## What this task involves
Can you quote exactly the stretch of lines from the one with "- Medidas soporte: 514mm x 197mm" through the final line of the material, both ends included?

## Data to process
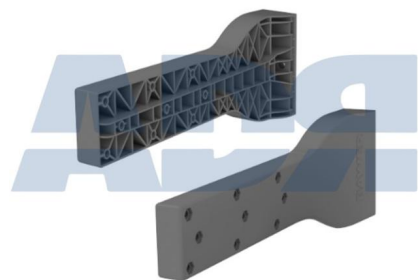

- Soporte para cajones con medida L600, L800 y L1000
- Medidas soporte: 514mm x 197mm

KIT DE SOPORTES CAJÓN PLEX 320X120X36

Ref.: 90SCH003

KIT DE SOPORTES CAJÓN PLEX 420X140X60

Ref.: 90SCH004

KIT SOPORTES LATERALES

## Your solution
- Medidas soporte: 514mm x 197mm

KIT DE SOPORTES CAJÓN PLEX 320X120X36

Ref.: 90SCH003

KIT DE SOPORTES CAJÓN PLEX 420X140X60

Ref.: 90SCH004

KIT SOPORTES LATERALES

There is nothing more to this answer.